TikTok V. Senate, c. 2024. Goodbye, new old friend.

We are one step closer to TikTok being somebody that we used to know. On Wednesday, March 13th, 2024, the House took a vote to finalize what many consider the death sentence for TikTok. In this bipartisan bill, it states that ByteDance, the parent company of TikTok, must sell the social media application or it will be banned from all US devices. All app stores (Google, Apple, etc.) will be required to block any applications from the United States, if they are owned by ByteDance.

The lopsided results show that the majority of the house representatives find this to be very problematic. With a final vote of 352–62, the bill moves on to the Senate. One of the leading political party sponsors claims that the efforts put forth are not a ban on video sharing apps as a whole, but one that is trying to force ByteDance’s hand to sell off the app as a means of security for the United States. In recent years, the application has partnered with Oracle to house all US customer data in Texas, but that doesn’t seem to be enough as the user data may still be accessible to the partner company.
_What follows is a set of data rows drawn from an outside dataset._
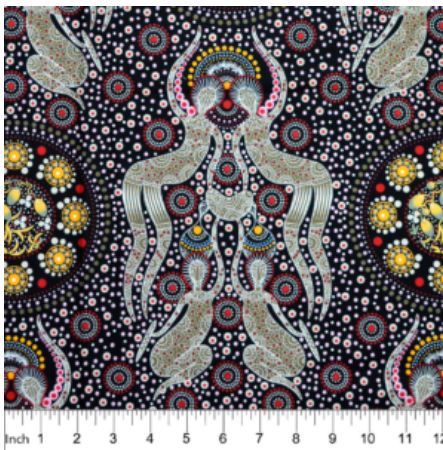

**WOMEN COLLECTING
BUSH FOOD BROWN**

Herkunft Australien
Material Baumwolle
Flächengewicht 130 g/m²
Breite 110 cm

Artikelnummer: AS177

Preis: 10,99 € / ½ lfm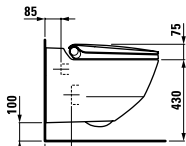

Grundig rengjøring av dysen før og etter hver bruk

Lavt energiforbruk

82069.1

Dusjtoalett rimless, utspyling, med skåloverflateforedling LCC

Tilkoblinger med LAUFEN installasjonssystem LIS CW2

Tilkoblinger med vanlige installasjonssystemer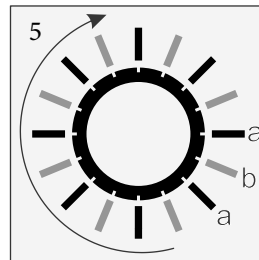

COSSANO / STELLATO / FABELLA

Installation and assembly guide

94949, 94953, 94956, 95027, 95035, 95043, 95951, 95954

DE Nicht für den mehrmaligen Zusammenbau geeignet.
Die Produktqualität kann nur bei sachgemäßer Montage garantiert werden.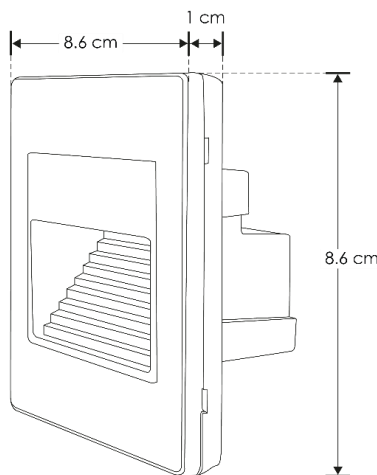

LUMINARIO DE LED DE CORTESÍA MODELOS ILUPCSTEPWE, ILUPCSTEPSWE

MANUAL DE INSTRUCCIONES Y ESPECIFICACIONES

**POR FAVOR LEER EL MANUAL ANTES DE USAR EL PRODUCTO**

**(DEPENDIENDO MODELO).**

ILUPCSTEPSWE

ILUPCSTEPWE

Luminario de pared para empotrar con salida de luz directa. Sensor de presencia en modelo ILUPCSTEPSWE (*el sensor solo funciona en interiores*).

**a) Estructura y especificaciones**

- Material de construcción: Cuerpo de policarbonato acabado blanco.
- Ángulo de apertura: 120°

**c) Instalación**

Retire la tapa del luminario. Haga las conexiones a la línea eléctrica en los bornes de la parte posterior del luminario. Fije el luminario con pijas a la superficie. Coloque la tapa.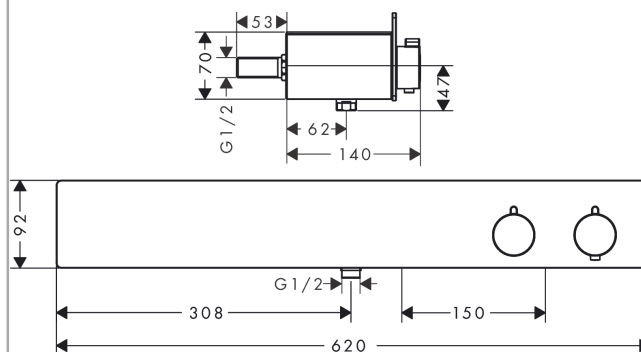

ShowerTablet

Термостат ShowerTablet 600, для 2 потребителей, ВМ

Поверхности : белый / хром Артикулный номер: 13108400

Описание

Характеристики

- 2 потребителя
- запорно-переключающее устройство для 2 потребителей
- межосевое подключение: 150 мм
- максимальный расход воды при 3 бар: 25 л/мин
- расход воды через верхний вывод: 25 л/мин
- картридж термостата, запорный и переключающий вентиль
- предохранительный ограничитель при 40°C
- регулируемое ограничение температуры
- с изолированной подачей воды
- клапан обратного тока воды
- с шумопоглотителем
- материал рукояток: металл
- поверхность полочки: анодированный алюминий
- материал крышки: безопасное стекло
- поверхность крышки цветовой вариант -000 = зеркальное стекло. Цветовой вариант -400 мм
- возможен контроль внешнего душа или налива ванны через скрытое соединение
- вид соединения: G 1/2
- величина соединения: DN15
- грязеулавливающий фильтр входит в комплект поставки

Технология

Награды за дизайн

Продукт

Чертеж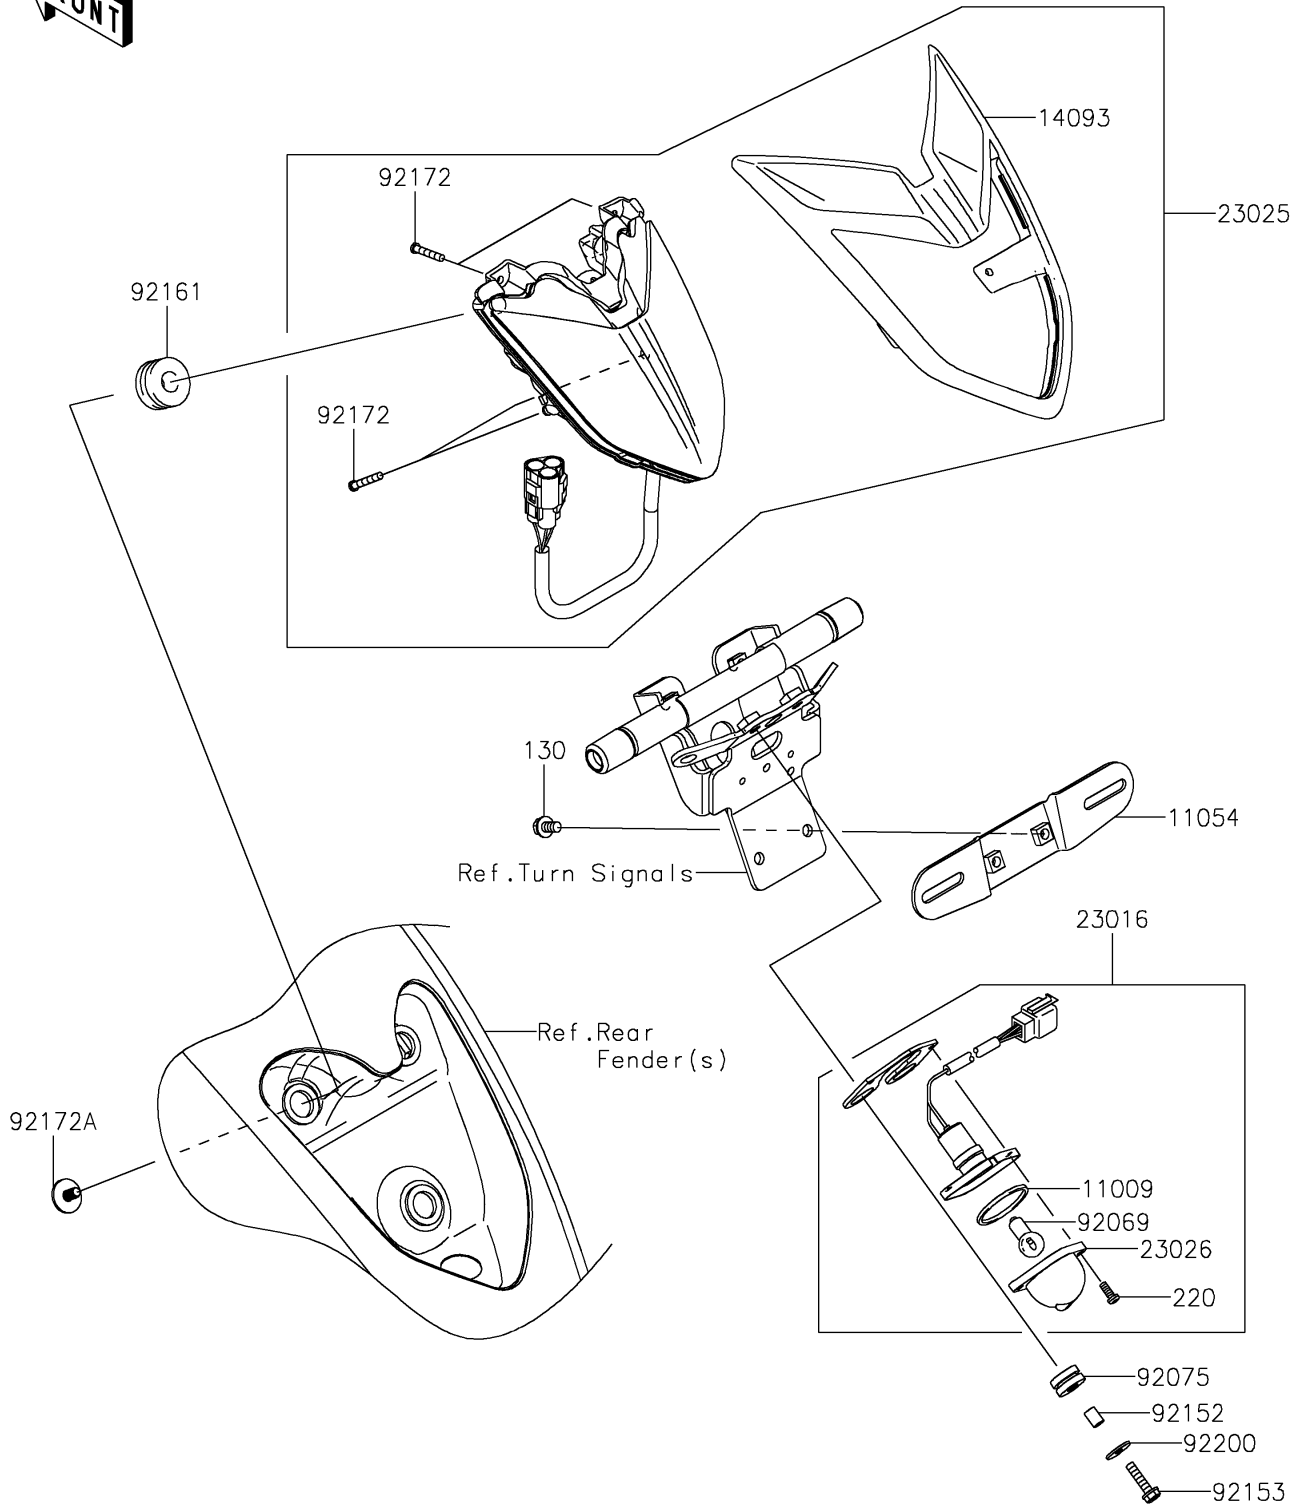

2023 VULCAN® 1700 VAQUERO® ABS

PARTS DIAGRAM

Taillight(s)

F2720

2023 VULCAN® 1700 VAQUERO® ABS

PARTS LIST

Taillight(s)

ITEM NAME	PART NUMBER	QUANTITY
-----------	-------------	----------
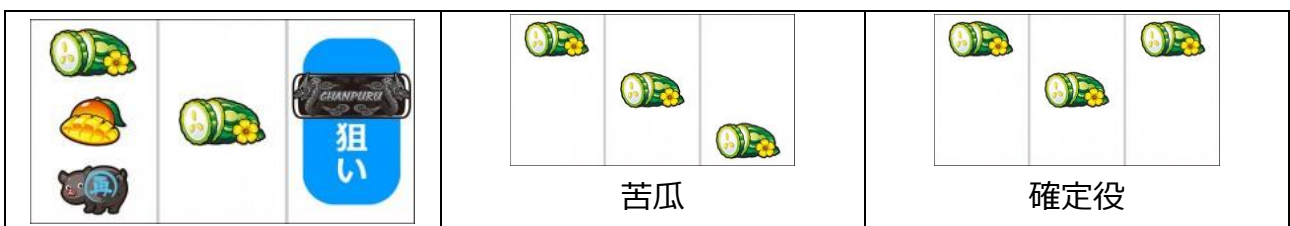

## 小役種類及瞄壓方式

通常時約在左轉輪上段附近瞄押黑 BAR

左轉輪中段胡蘿蔔停止時為中段胡蘿蔔確定，中右轉輪適當停止

左轉輪角胡蘿蔔停止時，中轉輪適當停止，右轉輪瞄押三連胡蘿蔔

右轉輪停止三連胡蘿蔔停止時為確定胡蘿蔔，胡蘿蔔連線時為胡蘿蔔連線

只有兩個蘿蔔連線時為胡蘿蔔 B，只有一個胡蘿蔔的話則為胡蘿蔔 A

左轉輪下段黑 BAR 停止時，中右轉輪適當停止，停止下方右圖的牌型時為確定役

左轉輪上段苦瓜停止時，中轉輪適當停止，苦瓜聽牌時則右轉輪瞄押黑 BAR

苦瓜連線時為苦瓜，苦瓜小 V 型時為確定役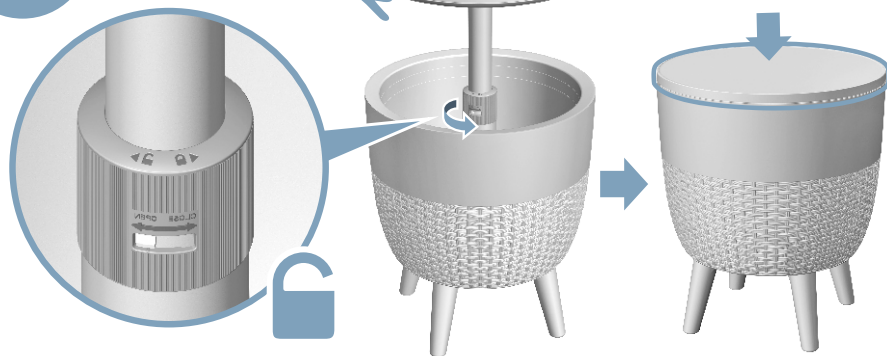

K25#703501ES

Size: 278mm x 216mm / Fold 139mm x 216mm

SISTEMA DE BLOQUEO / LOCKING SYSTEM / 使用說明

1. Levante la cubierta hasta el tope, y **sostenga con la mano.**
2. Gire la tuerca como se indica en el instructivo para fijar la cubierta.

1. Lift the cover to the top, and **hold it in place with your hand.**
2. Rotating as the indicated arrow to fix.

1. 將桌面拉至最上方，且**單手扶住桌面。**
2. 另一手請依圖面指示方向轉動，即可固定桌面。

1. **Sostenga la cubierta con la mano.**
2. Gire la tuerca como se indica en el instructivo para bajar la cubierta.

1. **Hold the top with your hand.**
2. Rotating as the indicated arrow to loose and lower the top.

1. **單手扶住桌面。**
2. 另一手請依圖面指示方向轉動，即可將桌面往下降收納。

Lagoon®

Cañcún

HIELERA / COOLER / 酷樂吧

MODELO/MODEL: 7035

POR FAVOR LEA ESTE INSTRUCTIVO ANTES DE ENSAMBLAR EL PRODUCTO Y CONSÉRVELO
PLEASE READ AND SAVE THIS INSTRUCTIONS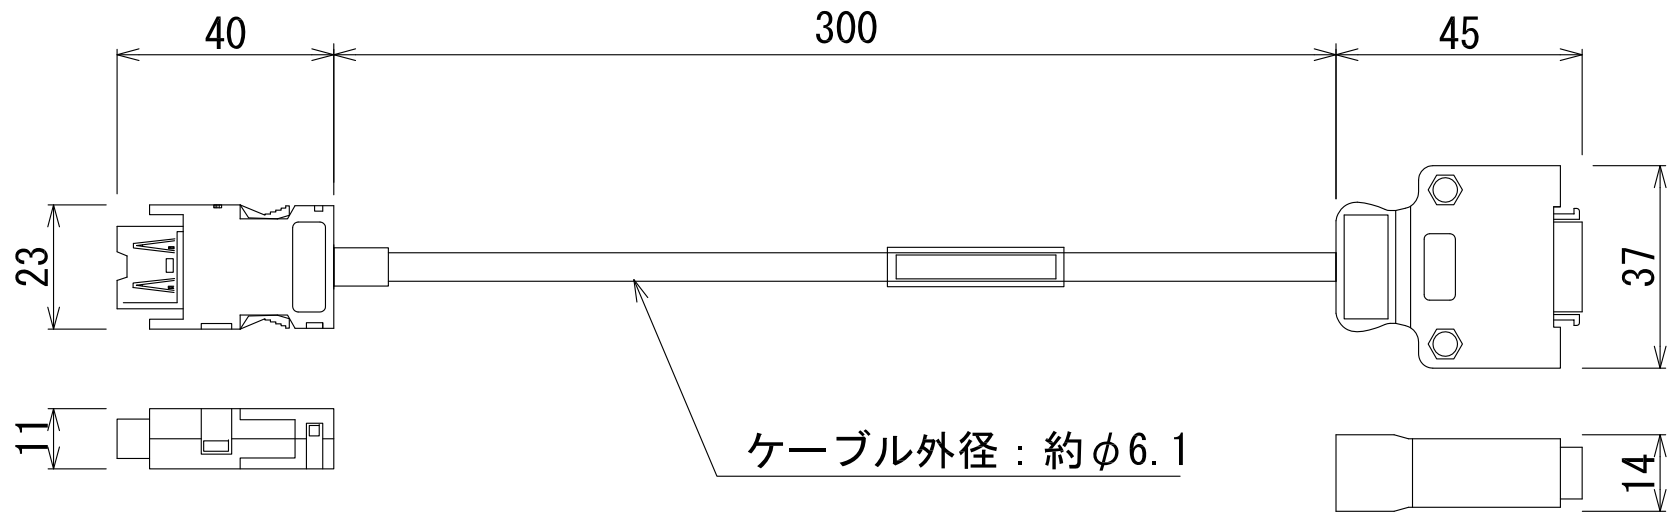

MR-J2Sリニューアルツール
制御信号変換ケーブル

SC-J2SJ4CTC03M
SC-J2SCPJ4CTC03M

MR-J2Sリニューアルツール
モニタ変換ケーブル

SC-J2SJ4MOC03M

MR-J2Sリニューアルツール
エンコーダ変換ケーブル

SC-J2SJ4ENC03M

MR-J2Sリニューアルツール
DC24V電源接続ケーブル

SC-J2SJ4CTPWC5M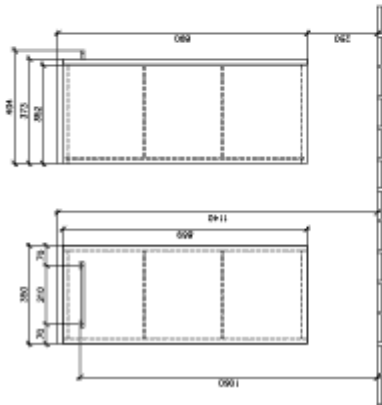

TEKNISKA TECKNINGAR

A89500PN

AVENTO A89500_A89501	 Villeroy & Boch 1748
V01 / 20.09.2018

The “Protecting Americans from Foreign Adversary Controlled Applications Act” would give ByteDance six months to sell the business before incurring an outright ban on all US devices. Along with the sale component, this bill would allow any sitting US president to address threats from other foreign-owned applications in an easier way. Finally, it allows users to download the data that has been collected on them and offload it to another platform.

Opposition Is Never Easy

As we know, roughly 85% of the voters said yes to this bill. On the other side, almost 15% said no, but why is that? 27 year old Maxwell Frost (D-Fla), the youngest member of congress, feels it is a violation of the First Amendment – The Freedom of Speech. If your freedom of speech is still there, but the channels in which you practice those freedoms is destroyed, are those freedoms really still there? Looking at it from the economic side, we also see the grim perspective of tens of thousands of people losing jobs, income and communities that they have built and depend on as part of their livelihood.

While some refer to the ideas and intentions within the bill as an act of censorship, others refer to the act of keeping it as espionage and harmful to our national security. TikTok fights back saying that it will do what it can to prevent this from passing in the Senate, as that is truly the final hurdle before it is passed into law. President Biden has already stated that given the bill on his desk, he would sign it, meaning that the senate likely holds the final decision in their hands.

TikTok’s Not Going Down Easy

In the past TikTok has brought legal action against those trying to ban the app, claiming that safety of their users is a top priority. The United State court system has previously sided with TikTok and Frost, stating that the ban is in direct violation of American’s first amendment right to free speech. While there is some reassurance for TikTok that the court system has sided with them in the past, anything is possible and the outcome is never definitive.

Thank about it for a second – What would a world without TikTok look like? Its become so deeply engrained with how people educate themselves, spend their free time, or even express their emotions that not having it in a post-pandemic world, for many, seems unthinkable. While this is still a developing story, as we wait to see what occurs as a result of the bill’s success in the house, we will continue to update you.

Answer these questions:

What do you hope the outcome is?
Is there any real reason to be concerned about data leaks from TikTok more than Facebook, X, or Snapchat?
If they ban TikTok, what platform would you be most likely to move to?